Le suicide est tabou. Les conséquences qu’il engendre au niveau des assurances le sont tout autant. Pourtant, celui qui tente intentionnellement de mettre fin à ses jours encourt des pénalités, soit pour ses proches en cas de décès, soit pour lui-même en cas d’échec.
En cas de mort
Si la tentative aboutit, la veuve ou l’orphelin ne sont pas pénalisés par les assurances sociales. Cela, toutefois, pour autant qu’ils n’aient pas intentionnellement poussé le défunt à commettre un tel acte, en lui mettant, par exemple, une arme dans la main, alors que ses penchants morbides étaient connus, ou encore en l’encourageant par des paroles. Si tel est le cas, une diminution, voire même, dans le pire des cas, une suppression de la rente de survivants AVS est alors possible. Dans la pratique toutefois, l’Office fédéral des assurances sociales indique ne pas avoir connaissance de l’application d’une telle restriction à ce jour.

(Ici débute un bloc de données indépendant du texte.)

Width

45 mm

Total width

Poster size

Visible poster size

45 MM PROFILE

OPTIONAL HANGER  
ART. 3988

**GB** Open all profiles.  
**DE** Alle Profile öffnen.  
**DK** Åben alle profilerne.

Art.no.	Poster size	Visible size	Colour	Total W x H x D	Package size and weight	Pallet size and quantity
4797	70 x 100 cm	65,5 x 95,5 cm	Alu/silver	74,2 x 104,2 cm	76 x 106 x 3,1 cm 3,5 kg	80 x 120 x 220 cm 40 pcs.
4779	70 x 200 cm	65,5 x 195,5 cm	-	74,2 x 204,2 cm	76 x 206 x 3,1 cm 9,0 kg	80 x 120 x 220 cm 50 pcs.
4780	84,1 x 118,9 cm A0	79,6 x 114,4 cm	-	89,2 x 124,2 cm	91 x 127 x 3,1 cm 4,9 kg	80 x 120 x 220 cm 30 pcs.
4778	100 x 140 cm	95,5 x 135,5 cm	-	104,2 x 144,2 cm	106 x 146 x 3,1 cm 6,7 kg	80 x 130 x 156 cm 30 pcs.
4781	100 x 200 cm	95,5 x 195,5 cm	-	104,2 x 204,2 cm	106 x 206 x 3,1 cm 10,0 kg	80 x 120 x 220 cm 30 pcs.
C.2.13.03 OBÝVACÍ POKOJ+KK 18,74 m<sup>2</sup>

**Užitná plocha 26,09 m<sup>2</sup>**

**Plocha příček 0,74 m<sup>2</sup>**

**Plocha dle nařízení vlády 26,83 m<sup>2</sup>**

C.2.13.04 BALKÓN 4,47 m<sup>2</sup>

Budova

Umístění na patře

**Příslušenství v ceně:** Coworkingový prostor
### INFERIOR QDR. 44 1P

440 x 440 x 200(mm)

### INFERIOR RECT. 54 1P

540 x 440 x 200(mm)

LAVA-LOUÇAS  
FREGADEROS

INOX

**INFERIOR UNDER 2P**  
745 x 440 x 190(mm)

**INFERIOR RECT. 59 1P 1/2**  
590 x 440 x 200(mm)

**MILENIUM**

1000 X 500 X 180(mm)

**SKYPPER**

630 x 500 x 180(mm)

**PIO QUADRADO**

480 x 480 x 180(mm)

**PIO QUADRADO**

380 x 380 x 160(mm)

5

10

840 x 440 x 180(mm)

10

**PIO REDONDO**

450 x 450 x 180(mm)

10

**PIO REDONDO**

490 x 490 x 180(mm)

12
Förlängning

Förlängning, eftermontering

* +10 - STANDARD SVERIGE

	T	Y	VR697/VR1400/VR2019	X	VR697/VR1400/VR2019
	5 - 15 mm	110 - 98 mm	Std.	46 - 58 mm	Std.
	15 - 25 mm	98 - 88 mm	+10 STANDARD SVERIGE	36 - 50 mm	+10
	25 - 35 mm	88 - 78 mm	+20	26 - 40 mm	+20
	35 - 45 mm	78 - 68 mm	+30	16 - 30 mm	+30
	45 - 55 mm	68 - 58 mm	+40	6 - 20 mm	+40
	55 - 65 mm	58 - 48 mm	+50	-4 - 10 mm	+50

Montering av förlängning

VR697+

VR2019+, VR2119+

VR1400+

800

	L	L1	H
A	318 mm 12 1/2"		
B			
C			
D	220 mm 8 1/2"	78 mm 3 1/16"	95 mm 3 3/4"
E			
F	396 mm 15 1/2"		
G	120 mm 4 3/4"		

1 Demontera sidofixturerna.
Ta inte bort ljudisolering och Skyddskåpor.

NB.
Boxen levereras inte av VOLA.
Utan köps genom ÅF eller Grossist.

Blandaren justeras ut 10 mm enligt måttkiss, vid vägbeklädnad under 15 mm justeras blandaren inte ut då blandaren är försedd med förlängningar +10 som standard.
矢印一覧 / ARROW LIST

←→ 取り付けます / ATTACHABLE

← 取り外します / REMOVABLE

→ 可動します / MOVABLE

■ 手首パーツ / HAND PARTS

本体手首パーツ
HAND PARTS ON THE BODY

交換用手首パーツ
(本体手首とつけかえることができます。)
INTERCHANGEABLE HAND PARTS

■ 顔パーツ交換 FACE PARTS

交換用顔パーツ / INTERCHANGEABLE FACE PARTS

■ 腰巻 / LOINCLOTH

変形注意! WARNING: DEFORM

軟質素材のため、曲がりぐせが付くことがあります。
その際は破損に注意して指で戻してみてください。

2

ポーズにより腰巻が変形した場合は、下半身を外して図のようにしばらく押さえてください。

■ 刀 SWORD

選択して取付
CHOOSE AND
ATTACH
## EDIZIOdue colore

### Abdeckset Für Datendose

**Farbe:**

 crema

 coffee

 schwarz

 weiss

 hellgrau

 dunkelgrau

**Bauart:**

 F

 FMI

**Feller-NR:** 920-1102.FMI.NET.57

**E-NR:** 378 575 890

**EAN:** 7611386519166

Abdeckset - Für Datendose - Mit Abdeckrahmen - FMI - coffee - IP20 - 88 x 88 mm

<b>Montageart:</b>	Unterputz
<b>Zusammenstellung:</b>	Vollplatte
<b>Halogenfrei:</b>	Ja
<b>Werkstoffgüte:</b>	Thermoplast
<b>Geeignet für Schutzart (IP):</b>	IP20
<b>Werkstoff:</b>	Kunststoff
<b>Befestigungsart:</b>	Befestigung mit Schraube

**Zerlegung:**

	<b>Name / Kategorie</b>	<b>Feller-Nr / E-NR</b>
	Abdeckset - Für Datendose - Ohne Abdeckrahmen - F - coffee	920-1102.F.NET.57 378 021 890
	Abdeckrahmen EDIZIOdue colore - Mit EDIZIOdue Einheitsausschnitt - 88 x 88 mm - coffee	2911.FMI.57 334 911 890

Conclure une assurance vie, peu avant de mettre fin à ses jours, dans le dessein de mettre sa famille à l’abri du besoin, n’est pas une bonne idée. Les assureurs privés sont en effet tenus de prévoir un délai de carence de trois ans dans leurs conditions générales. En clair, si la mort par suicide intervient au cours des trois premières années d’assurance, seule la réserve mathématique d’inventaire – soit le montant des cotisations déjà versées plus les intérêts – est restituée.
Passé ce délai, les compagnies garantissent l’entier des prestations conclues dans le contrat. Attention toutefois: légalement, l’assureur n’est pas tenu de verser lesdites prestations si l’assuré a causé intentionnellement le sinistre. Elles pourraient donc, si elles le souhaitent, édicter des conditions générales plus restrictives.
Tentative de suicide
En cas de suicide manqué, l’assuré peut avoir besoin de soins ou, pire encore, devenir invalide. Qui prendra alors en charge les traitements? Les prestations seront plus ou moins généreuses selon que la tentative de suicide constitue un accident ou une maladie. Dans la plupart des cas, l’assurance accidents refuse la prise en charge, explique Thierry Vauthey de l’OFSP (lire encadré). La caisse maladie ne pouvant réduire ses prestations en cas de faute grave commise par l’assuré, c’est donc elle qui assume les frais.
De son côté, l’AI ne peut en principe refuser ou réduire ses prestations, puisqu’elle est censée garantir les moyens d’existence des personnes invalides, quelle que soit l’origine de l’atteinte à leur santé. Une exception toutefois: si l’assuré a provoqué son invalidité par sa faute, en déguisant par exemple en suicide une automutilation afin d’obtenir des prestations.
Quant aux assureurs vie, ils refusent la plupart du temps la libération du paiement des primes ou le versement d’indemnités pour perte de gain lorsque l’assuré a tenté de mettre fin à ses jours.
Quid des caisses de pension?
Les caisses de pension, enfin, sont autorisées à diminuer les rentes invalidité seulement si l’AI les a réduites aussi, et dans les mêmes proportions. Attention: cette clause ne vaut que pour la part obligatoire du 2e pilier. Pour la part surobligatoire, les caisses sont libres de fixer leurs conditions. Aucun règlement de caisse ne prévoit toutefois une telle restriction, selon l’OFAS.
Accident ou maladie?
Lorsqu’une tentative manquée requiert des soins médicaux, les assureurs doivent tout d’abord déterminer s’il s’agit d’une maladie ou d’un accident. Si, au moment des faits, l’assuré était incapable de discernement, on considère que c’est un accident. Mais, il faut pour cela qu’une maladie psychique ou un grave trouble de la conscience soient établis (folie, hallucination, stupeur profonde, etc.). Un simple geste disproportionné, dans un moment de dépression ou de désespoir, ne suffit pas, selon le Tribunal fédéral.
Dans tous les autres cas, on considère que l’acte était intentionnel. C’est alors la caisse maladie qui prend les frais en charge.